Perhaps it is to be expected that the most economical form of life insurance–term life–would enjoy sales success in today’s tough times. However, this product is capable of much more than the insurance industry has allowed it to achieve.
For many carriers and agents, term life is simply an accommodation; a fallback product to offer when a customer cannot afford a more expensive product or is looking for the least expensive life coverage. In many such situations, carriers and agents reluctantly sell the term plan (usually level term) and resign themselves to razor-thin profit margins and lukewarm commissions.
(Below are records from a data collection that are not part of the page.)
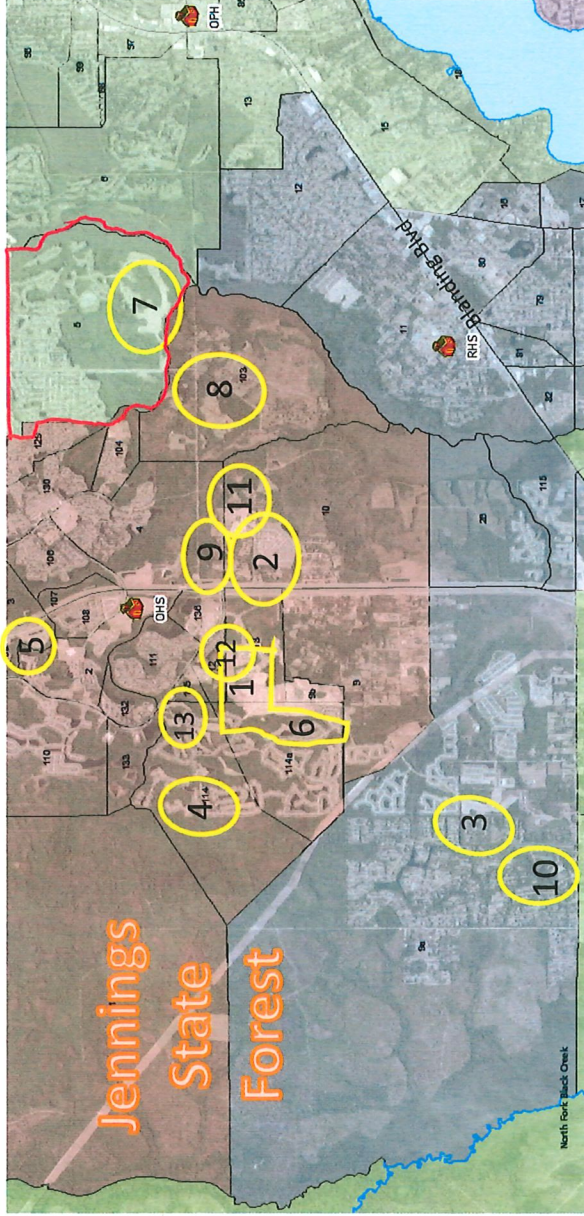

Senior High School Attendance Boundaries (all schools current)

OHS Study

High School	Percent Capacity
Clay High	89.2%
Fleming Island HS	90.9%
Keystone Sr/Jr	85.4%
Oakleaf HS	108%
Orange Park HS	65%
Ridgeview HS	80.5%
Middleburg HS (cafeteria)	98%
	71%

# Attendance Boundary and planned growth Oakleaf High School

OHS: 2459 cap

Attend: 2607

Current:

OHS 108 % (Projected growth ≈ 230)

Status Quo:

OHS 117 % (growing)

Portables on Campus: 38

Area outlined in red is in the OHS attendance zone  
Proposal: Point the area in Red to OPH

## Growth (OHS)

- 1) Grey Hawk
- 2) Kindlewood
- 3) Pine Ridge
- 4) Eagle Landing
- 5) Arbor Mill
- 6) Oakland Hills
- 7) Wilford Preserve
- 8) Cheswick Oaks
- 9) Cameron Oaks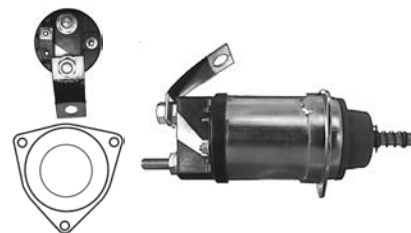

135820 Solenoid

Replacing: ced624, 594075

Servicing: d13e119te, d13e120te, d13e121te, d13e122te, d13hp702, d13hp705, d13hp709

24 V, B+ M10, Kl. 15a M5, Kl. 50 M5, OD 70.65, OD/ cover 70.00, Total length 228.30, Height/ B+ 28.60, Width/ kl. 15a 6.25, Width/ kl. 50 12.65, Coil bolt M10, Coil bolt 2 17.50, No./ terminals 4

Cap: HC-CARGO 233535.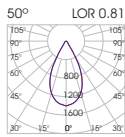

 Lamp  
Not included

**ACR.056**  
Honeycomb  
*(as extra)*

**ACR.057**  
Linear Spread  
*(as extra)*

**ACR.059**  
Softening Lens  
*(as extra)*

Ordering Code Example:  
SANTI A DEEP LL-RD-WW-G1-10

SANTI

SANTI

SANTI DEEP LL

SANTI ADJ

SANTI ADJ DEEP LL

SANTI WASH

SANTI WASH DEEP LL

SANTI MINI

**SANTI**

**LD7**

**ST6/ ST12/ ST18/ WD6 /WD12 /TW6 /TW12**

**NB6/ NB8**

**ZM6/ ZM13**

**SANTI MINI**

**ST3 / ST4**

**NB4**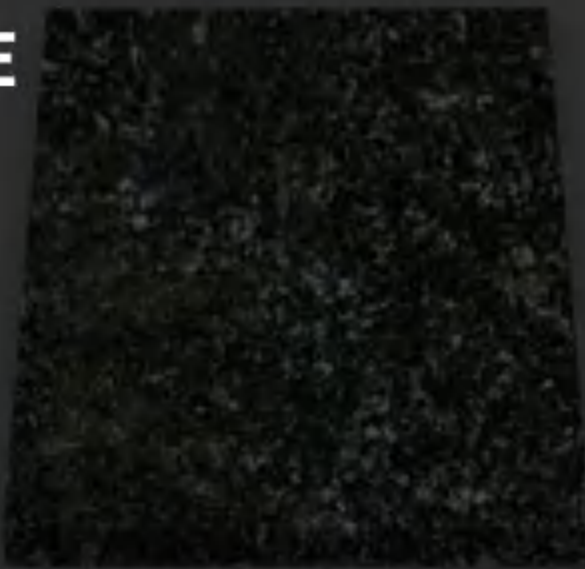

ZIMBABWE BLACK GRANITE

Origin: Zimbabwe

Surface: Polished

Slab size: 2900*1500 mmUP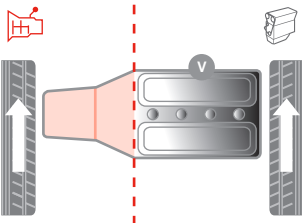

NISSAN - Kubistar 08/03 - 10/09

Engine Mount | Motorlager | Support moteurs | Supporti motore

1.2	D7F 764	08/03 - 10/09	MAN/AUT		V	49380569	1127000QAA
1.2 16V	D4F 712	04/06 - 10/09	MAN/AUT

These in-force term plans often are then put on autopilot, with little remarketing or needs re-assessment before a claim is made or the inevitable lapse occurs (when premiums spike after the level premium period ends).
Unfortunately, this pattern ignores a basic, but key point–that selling a term product establishes a client/agent and client/insurer relationship that has value beyond the value of the term life sale.
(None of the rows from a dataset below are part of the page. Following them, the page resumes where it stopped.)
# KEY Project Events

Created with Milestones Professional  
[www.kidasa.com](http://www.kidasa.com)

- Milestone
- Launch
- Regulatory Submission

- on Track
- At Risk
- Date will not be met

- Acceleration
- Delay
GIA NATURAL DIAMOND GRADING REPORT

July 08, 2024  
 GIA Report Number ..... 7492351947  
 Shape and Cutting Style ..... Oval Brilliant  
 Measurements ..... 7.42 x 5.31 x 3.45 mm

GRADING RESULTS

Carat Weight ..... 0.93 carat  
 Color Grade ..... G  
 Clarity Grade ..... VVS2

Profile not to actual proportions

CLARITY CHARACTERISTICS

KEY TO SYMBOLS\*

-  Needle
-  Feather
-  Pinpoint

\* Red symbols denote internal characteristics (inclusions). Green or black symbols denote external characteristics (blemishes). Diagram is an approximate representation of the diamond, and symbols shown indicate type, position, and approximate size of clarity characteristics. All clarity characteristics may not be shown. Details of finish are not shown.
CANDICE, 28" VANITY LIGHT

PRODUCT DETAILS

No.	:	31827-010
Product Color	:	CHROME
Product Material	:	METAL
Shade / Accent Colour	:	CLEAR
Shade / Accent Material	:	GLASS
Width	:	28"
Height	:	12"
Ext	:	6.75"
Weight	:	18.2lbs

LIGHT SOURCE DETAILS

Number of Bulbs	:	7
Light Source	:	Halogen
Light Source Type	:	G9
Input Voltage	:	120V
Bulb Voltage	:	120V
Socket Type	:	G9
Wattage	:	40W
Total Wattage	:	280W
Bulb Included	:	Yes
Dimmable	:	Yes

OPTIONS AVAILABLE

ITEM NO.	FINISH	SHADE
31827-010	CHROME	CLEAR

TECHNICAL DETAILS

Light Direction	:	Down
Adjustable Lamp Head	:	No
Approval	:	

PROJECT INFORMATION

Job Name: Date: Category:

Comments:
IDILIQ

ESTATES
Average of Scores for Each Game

Some carriers do an excellent job of offering attractive term conversion options to permanent plans, but others do not. Further, the timing and creativity of conversion offerings are often limited or poorly planned and designed.
Conversion offers could present greater value if triggered at defined anniversaries or at specified life events or attained ages.
And why can’t term contracts be exchanged for other term products, perhaps with longer level premium periods or return of premium provisions? This may be viewed as an exchange, not a conversion, but that is just semantics.
Split conversions could be more prominently offered, too, where a portion of the term coverage is converted to higher premium permanent coverage and the remainder stays as term.
The point is, once the customer relationship exists, offering additional benefits, often with higher premiums, can be beneficial to all. This is especially appealing as sales of term and other life products drift upward to older issue ages.
Level term premium structures after issue need revisiting, also. In the past, it made sense for actuaries to craft large premium increases at the end of the level premium period in order to minimize statutory reserves and cash values. Emerging regulations are making such approaches less compelling. Dramatic premium increases today force healthy lives to lapse the term plan either immediately when the premium spikes or shortly thereafter. The insured pool remaining after these lapses experiences poorer mortality.